■ **What the exercise asks**:
From the line that contains "ADDITIONAL GRADING INFORMATION" through the closing line of the entries, write out each line exactly; pictures stay out.

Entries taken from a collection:
┌──

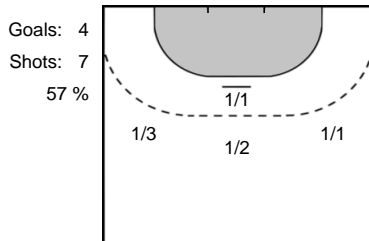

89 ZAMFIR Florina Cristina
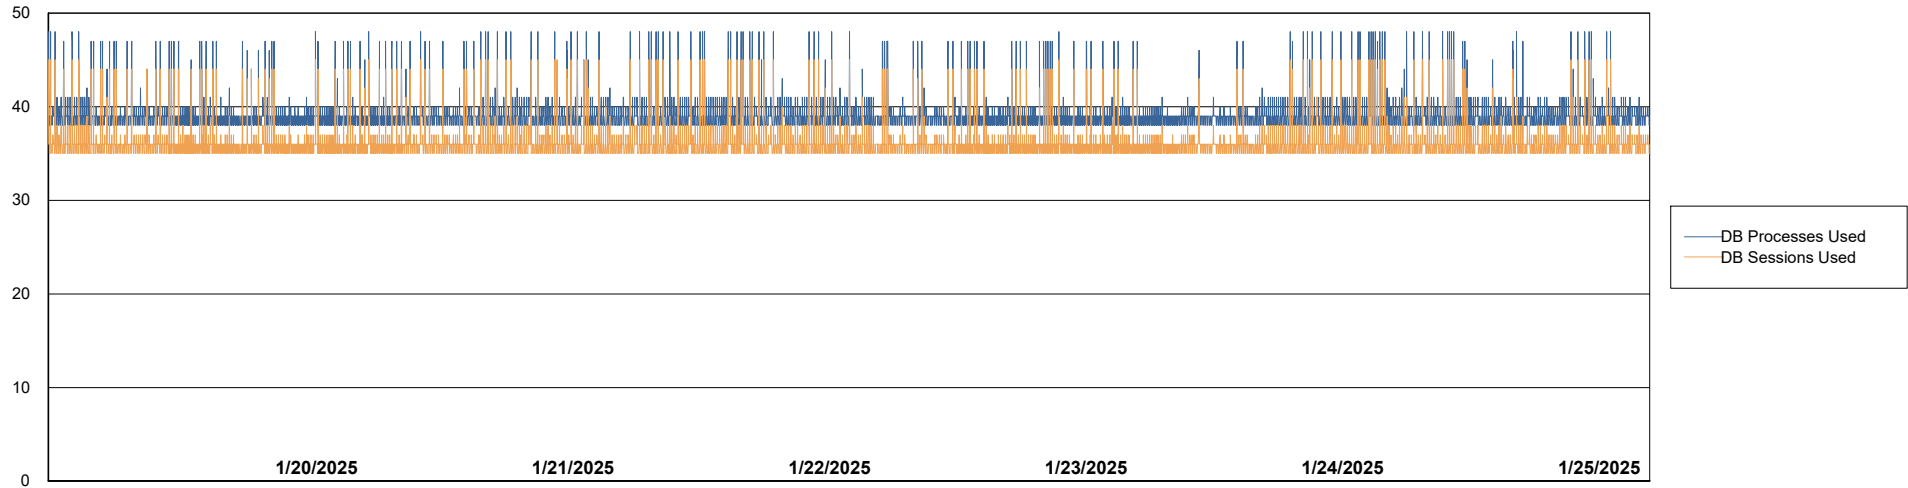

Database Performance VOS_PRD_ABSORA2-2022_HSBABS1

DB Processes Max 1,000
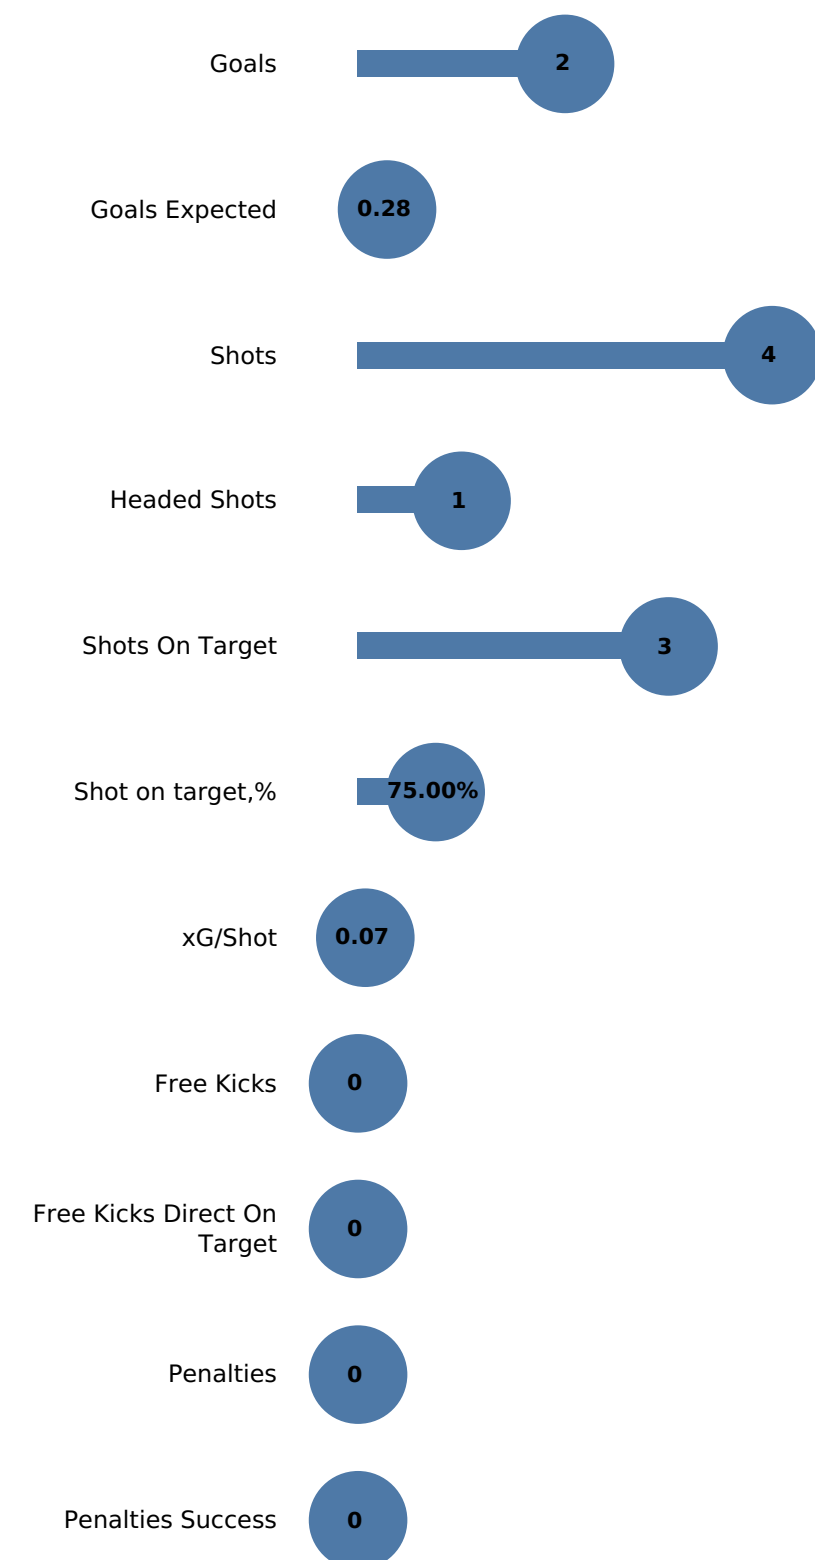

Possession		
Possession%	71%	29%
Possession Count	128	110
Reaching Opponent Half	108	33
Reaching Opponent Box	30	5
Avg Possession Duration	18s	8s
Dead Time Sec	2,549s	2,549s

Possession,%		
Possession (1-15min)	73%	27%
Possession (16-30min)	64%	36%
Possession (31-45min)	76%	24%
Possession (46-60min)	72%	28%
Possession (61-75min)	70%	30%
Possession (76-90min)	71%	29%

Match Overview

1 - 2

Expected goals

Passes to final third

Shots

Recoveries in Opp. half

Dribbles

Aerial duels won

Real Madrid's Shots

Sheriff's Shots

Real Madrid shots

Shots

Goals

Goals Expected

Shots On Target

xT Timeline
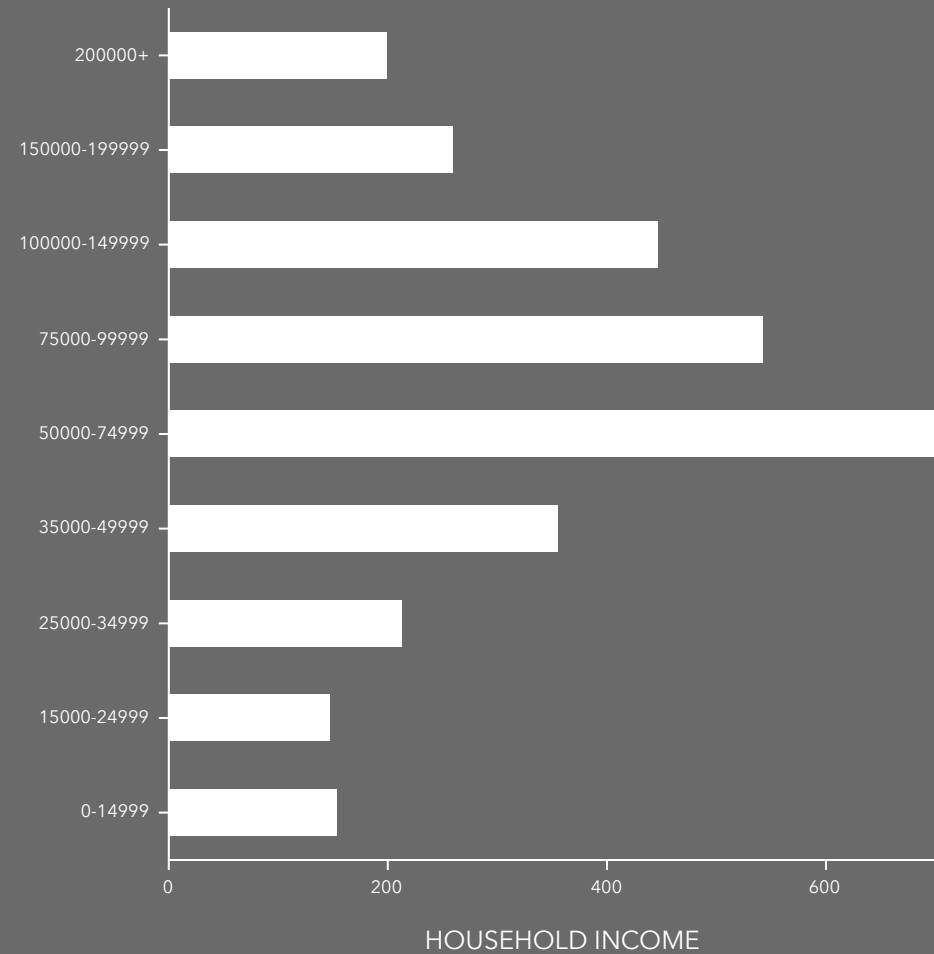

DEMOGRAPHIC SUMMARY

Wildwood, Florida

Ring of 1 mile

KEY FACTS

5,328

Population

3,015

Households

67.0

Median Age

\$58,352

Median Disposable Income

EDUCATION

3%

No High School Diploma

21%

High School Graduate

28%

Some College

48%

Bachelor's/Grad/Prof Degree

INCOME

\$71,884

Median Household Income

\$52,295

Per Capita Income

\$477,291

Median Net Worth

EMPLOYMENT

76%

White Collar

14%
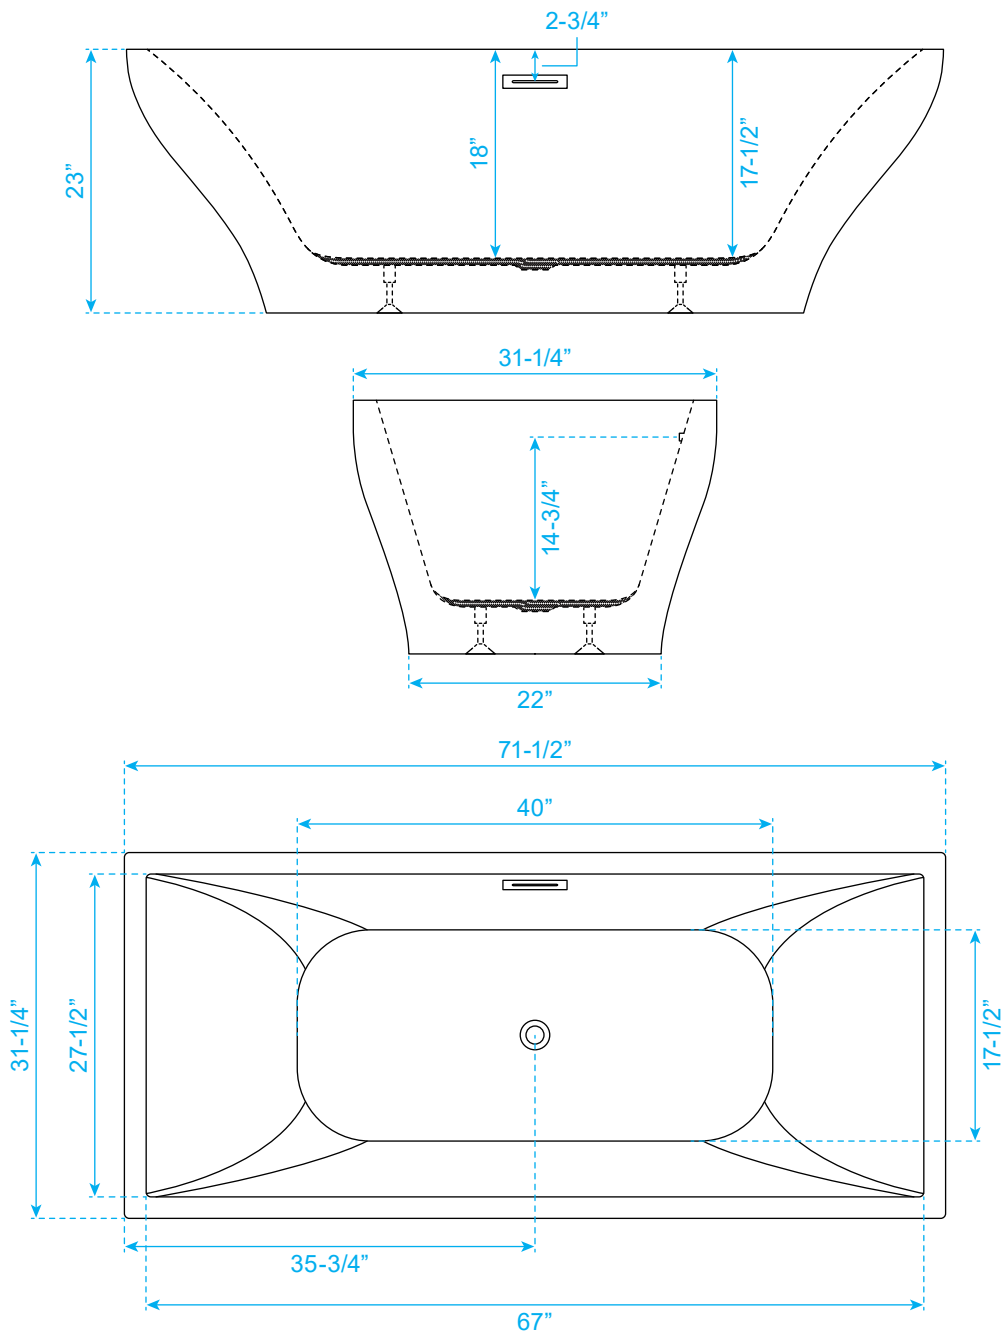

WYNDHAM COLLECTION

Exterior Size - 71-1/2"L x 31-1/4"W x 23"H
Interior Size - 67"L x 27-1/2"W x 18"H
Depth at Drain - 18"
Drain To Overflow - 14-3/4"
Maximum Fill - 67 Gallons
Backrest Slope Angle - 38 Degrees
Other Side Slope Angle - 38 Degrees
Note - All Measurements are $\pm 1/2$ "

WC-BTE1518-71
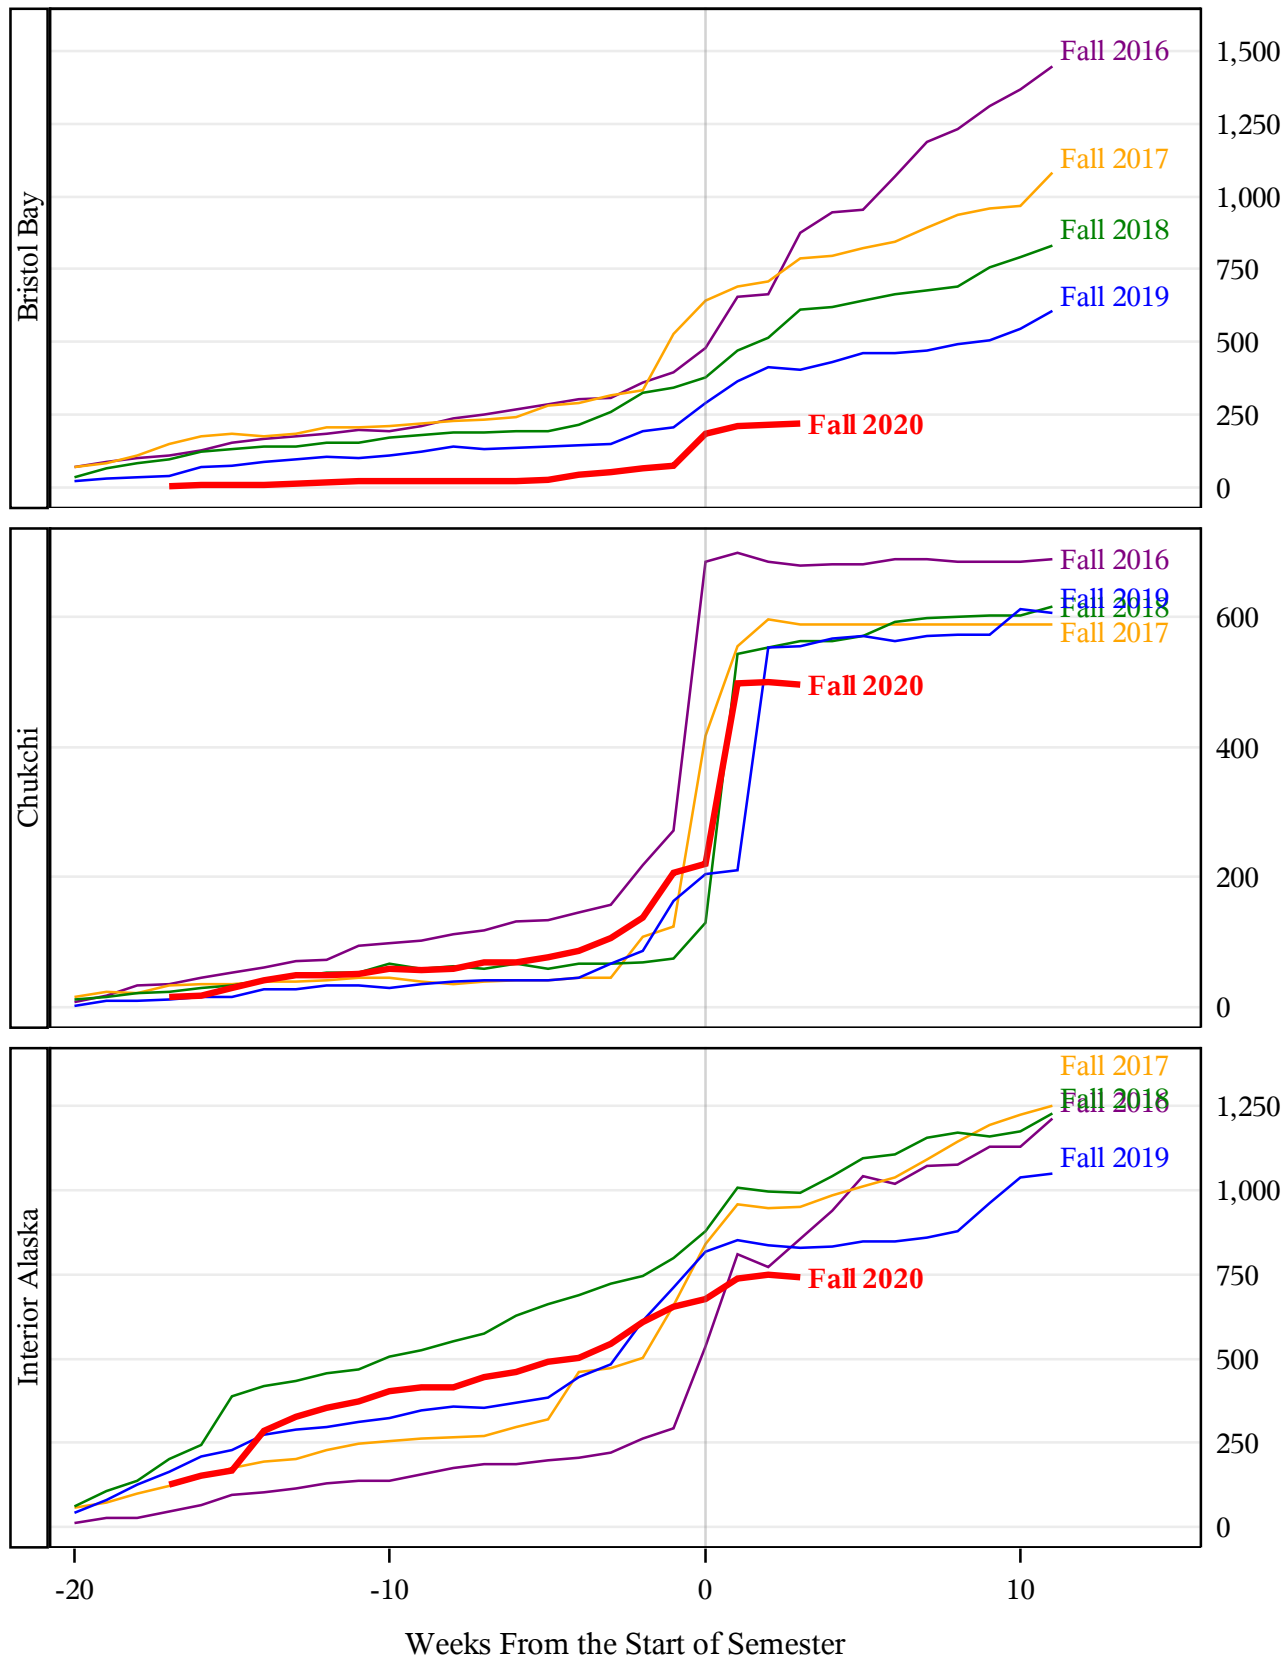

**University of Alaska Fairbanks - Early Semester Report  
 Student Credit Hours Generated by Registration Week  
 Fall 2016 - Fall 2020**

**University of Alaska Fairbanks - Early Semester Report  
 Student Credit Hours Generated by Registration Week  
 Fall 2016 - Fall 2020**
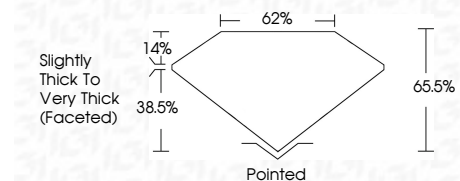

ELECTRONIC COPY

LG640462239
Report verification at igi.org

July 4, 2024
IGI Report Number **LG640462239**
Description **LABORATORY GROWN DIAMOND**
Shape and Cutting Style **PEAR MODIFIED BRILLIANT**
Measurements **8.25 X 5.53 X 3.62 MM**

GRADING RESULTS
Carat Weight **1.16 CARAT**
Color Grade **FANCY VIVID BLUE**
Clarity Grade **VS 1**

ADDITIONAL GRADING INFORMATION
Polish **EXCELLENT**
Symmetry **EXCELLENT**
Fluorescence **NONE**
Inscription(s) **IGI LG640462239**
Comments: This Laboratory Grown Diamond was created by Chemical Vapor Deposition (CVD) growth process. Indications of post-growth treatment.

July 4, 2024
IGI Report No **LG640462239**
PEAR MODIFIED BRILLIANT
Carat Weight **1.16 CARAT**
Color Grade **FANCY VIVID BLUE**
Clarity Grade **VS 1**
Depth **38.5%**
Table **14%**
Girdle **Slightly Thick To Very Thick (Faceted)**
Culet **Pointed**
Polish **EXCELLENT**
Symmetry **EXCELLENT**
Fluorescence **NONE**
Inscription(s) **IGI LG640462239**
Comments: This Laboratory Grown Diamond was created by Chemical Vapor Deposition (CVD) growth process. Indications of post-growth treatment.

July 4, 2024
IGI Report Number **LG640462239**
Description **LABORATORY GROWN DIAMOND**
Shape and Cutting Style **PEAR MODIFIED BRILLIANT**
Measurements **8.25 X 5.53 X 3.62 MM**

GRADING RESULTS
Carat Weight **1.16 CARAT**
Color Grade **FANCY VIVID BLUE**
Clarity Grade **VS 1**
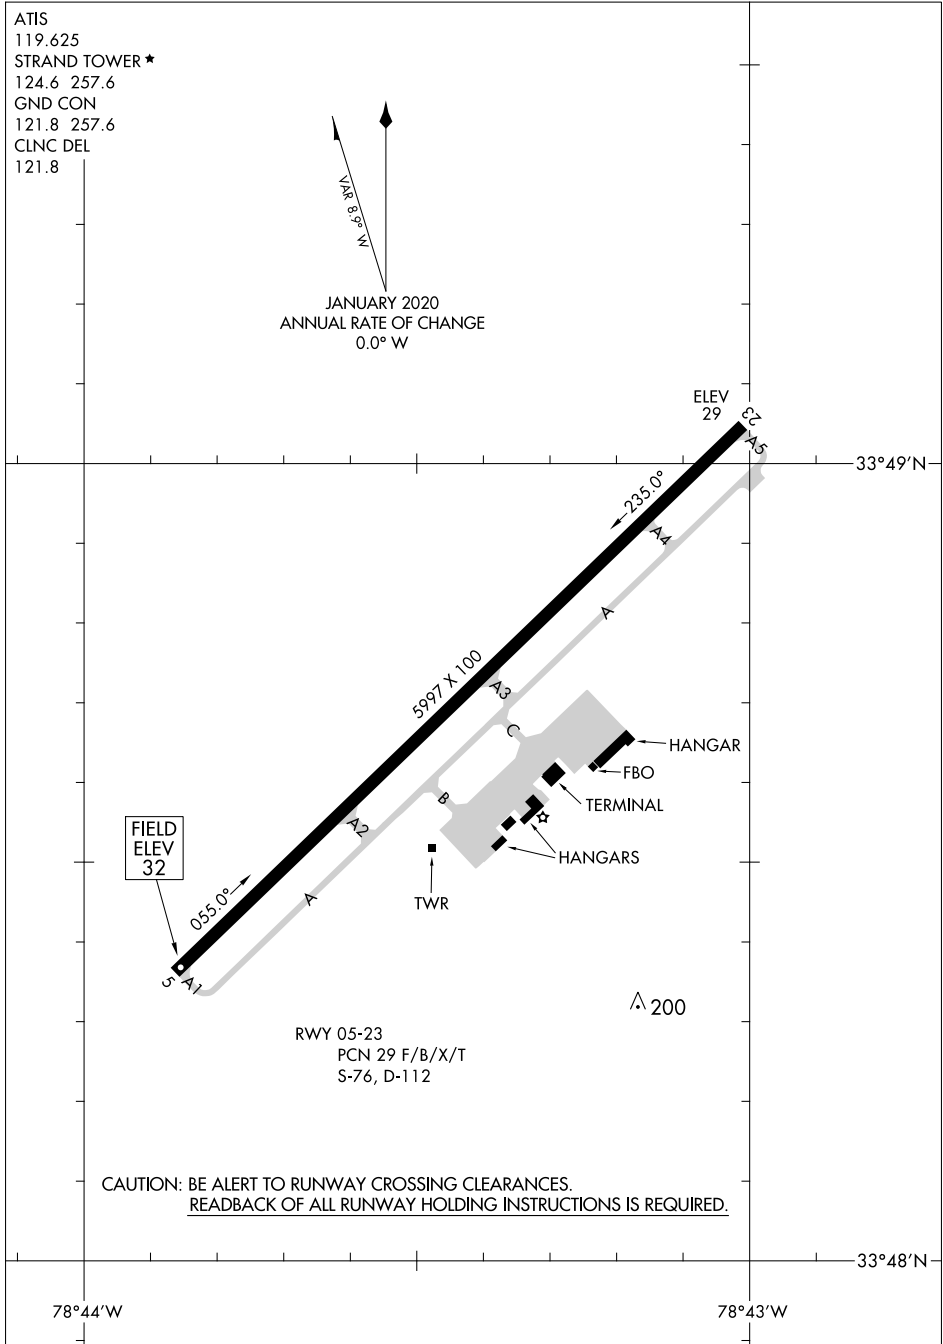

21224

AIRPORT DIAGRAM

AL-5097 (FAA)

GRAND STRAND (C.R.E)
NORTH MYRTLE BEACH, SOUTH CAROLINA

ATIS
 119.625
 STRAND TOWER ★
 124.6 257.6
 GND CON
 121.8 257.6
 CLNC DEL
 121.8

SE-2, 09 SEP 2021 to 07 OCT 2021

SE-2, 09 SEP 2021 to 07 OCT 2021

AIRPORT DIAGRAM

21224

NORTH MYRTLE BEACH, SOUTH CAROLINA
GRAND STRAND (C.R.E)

└──

■ **Exercise result**:
ADDITIONAL GRADING INFORMATION
Polish **EXCELLENT**
Symmetry **EXCELLENT**
Fluorescence **NONE**
Inscription(s) **IGI LG640462239**
Comments: This Laboratory Grown Diamond was created by Chemical Vapor Deposition (CVD) growth process. Indications of post-growth treatment.

July 4, 2024
IGI Report No **LG640462239**
PEAR MODIFIED BRILLIANT
Carat Weight **1.16 CARAT**
Color Grade **FANCY VIVID BLUE**
Clarity Grade **VS 1**
Depth **38.5%**
Table **14%**
Girdle **Slightly Thick To Very Thick (Faceted)**
Culet **Pointed**
Polish **EXCELLENT**
Symmetry **EXCELLENT**
Fluorescence **NONE**
Inscription(s) **IGI LG640462239**
Comments: This Laboratory Grown Diamond was created by Chemical Vapor Deposition (CVD) growth process. Indications of post-growth treatment.

July 4, 2024
IGI Report Number **LG640462239**
Description **LABORATORY GROWN DIAMOND**
Shape and Cutting Style **PEAR MODIFIED BRILLIANT**
Measurements **8.25 X 5.53 X 3.62 MM**

GRADING RESULTS
Carat Weight **1.16 CARAT**
Color Grade **FANCY VIVID BLUE**
Clarity Grade **VS 1**

21224

AIRPORT DIAGRAM

AL-5097 (FAA)

GRAND STRAND (C.R.E)
NORTH MYRTLE BEACH, SOUTH CAROLINA

ATIS
 119.625
 STRAND TOWER ★
 124.6 257.6
 GND CON
 121.8 257.6
 CLNC DEL
 121.8

SE-2, 09 SEP 2021 to 07 OCT 2021

SE-2, 09 SEP 2021 to 07 OCT 2021

AIRPORT DIAGRAM

21224

NORTH MYRTLE BEACH, SOUTH CAROLINA
GRAND STRAND (C.R.E)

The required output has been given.